▶ Task to complete
Under this line are the records; write out word for word the part that begins at the line containing "Gewicht | weight" and ends at the line containing "depending on length and installation", and no more.

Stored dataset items
☆ ☆ ☆ ☆
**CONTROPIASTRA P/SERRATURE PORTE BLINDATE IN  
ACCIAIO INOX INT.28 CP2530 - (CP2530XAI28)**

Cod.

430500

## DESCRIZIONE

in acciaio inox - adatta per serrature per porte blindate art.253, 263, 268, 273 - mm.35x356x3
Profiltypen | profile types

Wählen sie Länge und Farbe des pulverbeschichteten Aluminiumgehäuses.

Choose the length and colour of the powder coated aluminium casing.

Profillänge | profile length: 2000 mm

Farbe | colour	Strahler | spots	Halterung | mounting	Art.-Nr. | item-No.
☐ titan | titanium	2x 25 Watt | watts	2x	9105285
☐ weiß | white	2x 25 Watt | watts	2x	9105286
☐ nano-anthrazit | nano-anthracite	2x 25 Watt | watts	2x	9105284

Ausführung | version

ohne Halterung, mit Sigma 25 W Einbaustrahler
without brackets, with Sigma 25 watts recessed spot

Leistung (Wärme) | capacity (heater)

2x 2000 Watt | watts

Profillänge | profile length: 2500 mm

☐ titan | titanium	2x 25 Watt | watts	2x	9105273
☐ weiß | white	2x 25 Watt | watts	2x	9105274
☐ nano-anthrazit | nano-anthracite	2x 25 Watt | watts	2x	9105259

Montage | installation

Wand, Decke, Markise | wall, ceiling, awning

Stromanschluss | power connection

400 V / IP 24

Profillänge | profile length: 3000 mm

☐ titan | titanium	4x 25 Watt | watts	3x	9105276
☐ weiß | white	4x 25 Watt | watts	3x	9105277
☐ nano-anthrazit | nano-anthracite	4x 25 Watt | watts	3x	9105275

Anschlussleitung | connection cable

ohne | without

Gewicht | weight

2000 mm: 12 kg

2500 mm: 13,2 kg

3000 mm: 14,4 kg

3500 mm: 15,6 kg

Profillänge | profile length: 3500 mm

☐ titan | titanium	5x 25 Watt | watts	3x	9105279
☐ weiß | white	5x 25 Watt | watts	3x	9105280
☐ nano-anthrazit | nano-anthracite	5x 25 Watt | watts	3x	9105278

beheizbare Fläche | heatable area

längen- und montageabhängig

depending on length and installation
☆ ☆ ☆ ☆
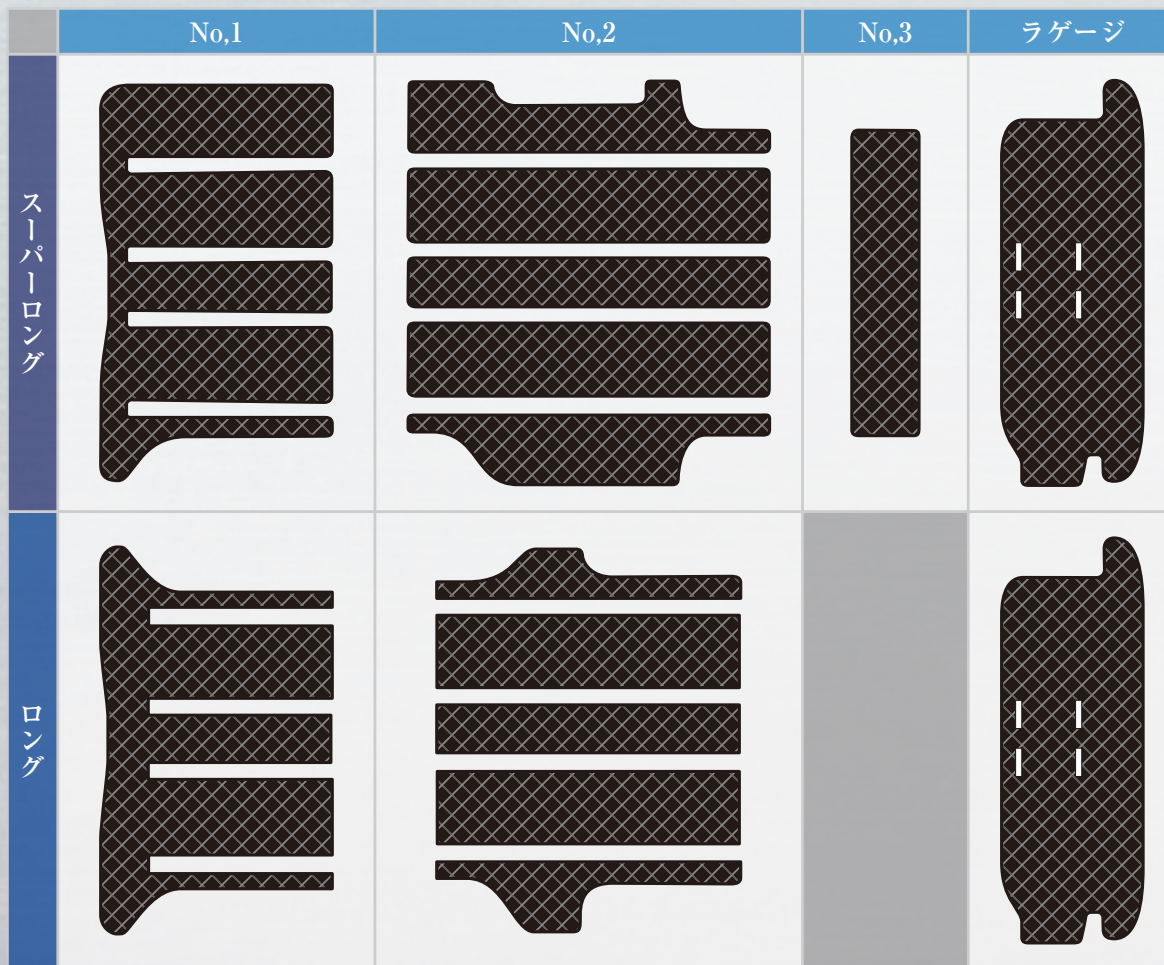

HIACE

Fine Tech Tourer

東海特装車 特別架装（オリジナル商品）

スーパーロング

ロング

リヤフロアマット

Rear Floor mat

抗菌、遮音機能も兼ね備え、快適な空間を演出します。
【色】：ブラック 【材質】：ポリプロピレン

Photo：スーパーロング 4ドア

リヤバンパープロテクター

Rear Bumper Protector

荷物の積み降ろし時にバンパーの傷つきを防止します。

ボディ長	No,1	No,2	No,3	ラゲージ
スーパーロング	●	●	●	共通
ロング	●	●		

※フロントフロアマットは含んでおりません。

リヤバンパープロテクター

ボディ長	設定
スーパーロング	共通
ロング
☆ ☆ ☆ ☆
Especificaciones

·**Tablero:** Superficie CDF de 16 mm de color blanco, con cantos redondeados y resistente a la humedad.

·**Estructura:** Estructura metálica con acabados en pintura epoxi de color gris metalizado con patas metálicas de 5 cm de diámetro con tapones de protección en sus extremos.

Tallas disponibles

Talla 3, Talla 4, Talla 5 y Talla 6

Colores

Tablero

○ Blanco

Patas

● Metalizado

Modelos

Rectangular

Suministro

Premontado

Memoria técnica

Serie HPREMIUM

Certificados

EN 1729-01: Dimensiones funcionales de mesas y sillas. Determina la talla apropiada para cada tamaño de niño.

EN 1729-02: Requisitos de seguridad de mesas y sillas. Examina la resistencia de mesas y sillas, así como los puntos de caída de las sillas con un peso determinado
☆ ☆ ☆ ☆
▶ Finished task
Gewicht | weight

2000 mm: 12 kg

2500 mm: 13,2 kg

3000 mm: 14,4 kg

3500 mm: 15,6 kg

Profillänge | profile length: 3500 mm

☐ titan | titanium	5x 25 Watt | watts	3x	9105279
☐ weiß | white	5x 25 Watt | watts	3x	9105280
☐ nano-anthrazit | nano-anthracite	5x 25 Watt | watts	3x	9105278

beheizbare Fläche | heatable area

längen- und montageabhängig

depending on length and installation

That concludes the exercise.